Kruimelpad
Trekt kankerbehandeling streep door je kinderwens?
Wat doen chemo- en radiotherapie met je vruchtbaarheid? Kun je nog zwanger worden na kanker? Professoren Herman Tournaye en Michel De Vos werken voor Brussels IVF, het fertiliteitscentrum van UZ Brussel. ‘Onze raad: laat ei- of zaadcellen invriezen voor je start met de therapie.’

Heeft een kankerbehandeling altijd een effect op je vruchtbaarheid?

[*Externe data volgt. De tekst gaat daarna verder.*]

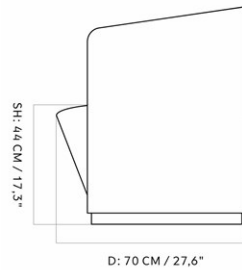

TEAROOM LOUNGE CHAIR

Designed by *Nick Ross Studio*

MASTER SKU	9605000PIM
COLLI	1
DIMENSIONS	H: 78 cm W: 89 cm
	D: 70 cm
	SH: 43 cm SD: 56 cm
	AH: 78 cm

CARE INSTRUCTIONS

Discover our product care guide for comprehensive care instructions.

[Download](#)

DESCRIPTION

Find more information in the dedicated product fact sheet for this product.

RECOMMENDED COMBINATIONS

SKU	VARIANT	INCL. VAT EUR	EXCL. VAT EUR
9605020-000300ZZ	Beige, 02	2.185,00	1.828,41
9605002-002B09ZZ	Savanna - White/Cream, 0202	2.780,00	2.326,30
9605001-00AH00ZZ	Champion - Green, 1-3114-035	2.430,00	2.033,42

SPEC OPTIONS

MASTER SKU	VARIANT	INCL. VAT EUR	EXCL. VAT EUR
9605000PIM	Price Category - PC0T <i>Audo Bouclé, Audø</i>	2.185,00	1.828,41
9605000PIM	Price Category - PC4T <i>Cabanon Soft, Designers Guild / Grand Mohair, Danish Art Weaving / Lupo, Dedar</i>	3.490,00	2.920,43
9605000PIM	Price Category - PC3T <i>Arctic, Jab / Safire, Sahco, Kvadrat / Vidar 4, Kvadrat / Zero, Sahco, Kvadrat</i>	3.125,00	2.615,00
9605000PIM	Price Category - PC2T <i>Canvas 2, Kvadrat / Clay, Sahco, Kvadrat / Fiord, Kvadrat / Hallingdal 65, Kvadrat / Moss, Sahco, Kvadrat / Reflect, Kvadrat / Savanna, Kvadrat / Steelcut Trio 3, Kvadrat</i>	2.780,00	2.326,30
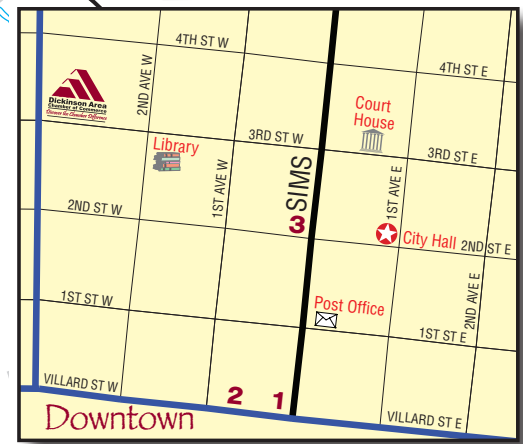

visitdickinson.com

- 25. Badlands Dinosaur Museum
- 29. Dickinson CVB/Visitor Info
- 32. Dickinson Museum Center
- 44. Pioneer Machinery Hall
- 46. Prairie Outpost Park

- ST. PATRICK'S CEMETERY
- ST. WENCESLAUS CEMETERY
- CITY CEMETERY

Points of Interest

- 25. Badlands Dinosaur Museum
- 26. Biesiot Activities Center (BAC)
- 27. CHI St. Alexius Health (Hospital & Clinic)
- 28. Dakota Community Bank & Trust Ballpark - Astoria/Coke Fields
- 29. Dickinson Convention & Visitors Bureau
- 30. Dickinson Dike/Turtle Park
- 31. Dickinson High School
- 32. Dickinson Museum Center
- 33. Dickinson State University
- 34. DSU Indoor Multipurpose Arena
- 35. DSU Native American Collection/Stoxen Library
- 36. DSU Theodore Roosevelt Ctr./Stoxen Library
- 37. Fluffy Fields Vineyard and Winery
- 38. Forest Service/Bureau of Land Management
- 39. Gress Softball Complex
- 40. Heart River Golf Course
- 41. ND Game & Fish Department-Dickinson
- 42. NDSU Dickinson Extension Research Center
- 43. Patterson Lake
- 44. Pioneer Machinery Hall
- 45. Prairie Hills Mall
- 46. Prairie Outpost Park
- 47. Southwest Speedway 10 miles S. on Hwy. 22
- 48. Stark County Fairgrounds & Event Park 2 miles S. on Hwy. 22
- 49. Stark County Veterans Memorial
- 50. Super Walmart
- 51. T-Rex Plaza
- 52. Theodore Roosevelt Regional Airport 4 miles S. on Hwy. 22
- 53. Trinity High School
- 54. Ukrainian Cultural Institute
- 55. West River Community Center/Mustang Baseball Complex
- 56. West River Ice Center
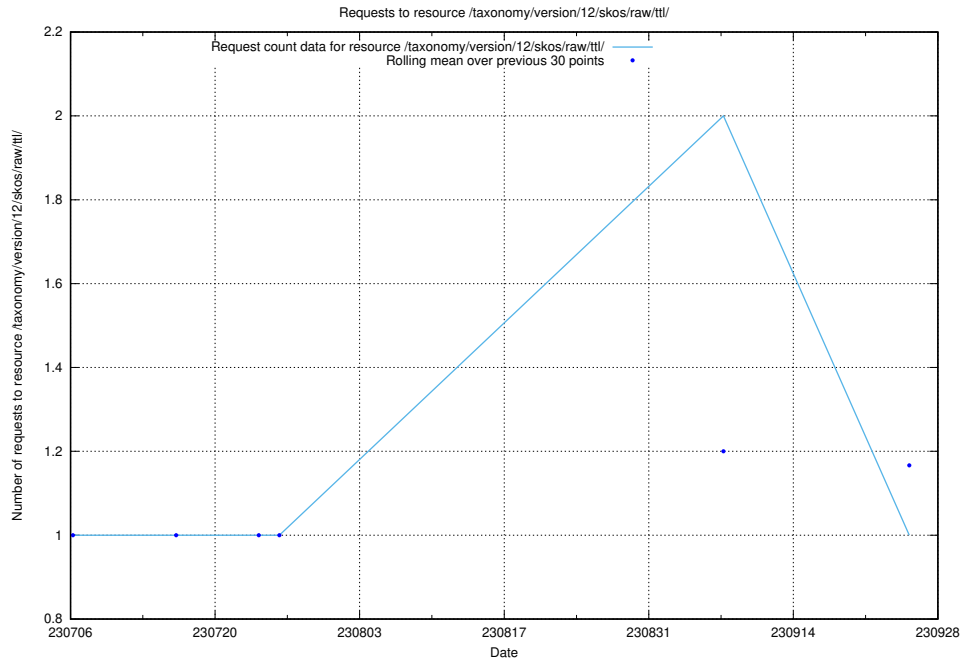

5.2044 Usage of /taxonomy/version/12/skos/raw/ttl/

Here, we count the number of requests to resource /taxonomy/version/12/skos/raw/ttl/.
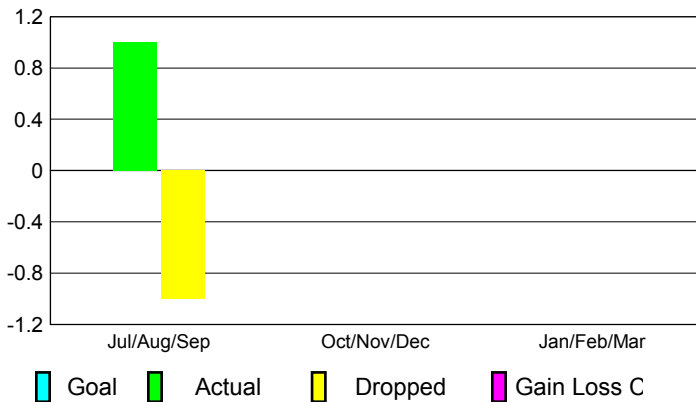

2012-2013 GMT Reports for District (or Undistricted) **District 300C3**

GMT: PEI-JEN CHEN

Location: M.D. 300 Taiwan

GMT CA: 5

CLUBS

Club Results 2012-2013

Clubs 2011-2012

Month	New Club Goal	Actual New Clubs	Actual Dropped Clubs	Gain/Loss of Clubs	Gain/Loss of Clubs
Jul/Aug/Sep		1	-1	0	0
Oct/Nov/Dec		0	0	0	1
Jan/Feb/Mar					0
Totals		1	-1	0	1

Club Results 2012-2013

Goal, New, Dropped, Gain/Loss

Comparison of Club Gain/Loss

Current Year Compared to the Previous Year

YTD Status Quo Clubs 2012-2013

Status Quo Clubs Compared to Status Quo Members

MEMBERSHIP

De Vos: ‘Meestal wel, in het bijzonder bij chemotherapie. De invloed van een kankerbehandeling hangt van veel factoren af zoals het type behandeling en hoelang die duurt.’
‘Chemotherapie met alkylerende middelen heeft duidelijk een hoog risico op schade bij je eicellen. Maar er zijn ook producten die minder toxisch zijn en dus minder of nauwelijks schade berokkenen. Bepaalde soorten kankers behandelen we bijvoorbeeld met een lichte chemotherapie.’
Tournaye: ‘Inderdaad, voor zaadcellen is dat dezelfde boodschap. Chemotherapie met de heel toxische alkylerende middelen geeft de meeste schade.’
Welke invloed heeft chemotherapie?
Tournaye: ‘Als je chemotherapie krijgt, kan je lichaam geen zaadcellen meer aanmaken. Die zaadcellen ontstaan uit stamcellen via celdeling. Dat proces wordt stopgezet door chemotherapie, want door die therapie kan elke snel delende cel, zoals ook de kankercel, afsterven. Na de behandeling kan de productie wel opnieuw op gang komen, soms pas na jaren. Je kunt door chemotherapie ook je stamcellen volledig verliezen. Op lange termijn kan dat leiden tot onvruchtbaarheid.’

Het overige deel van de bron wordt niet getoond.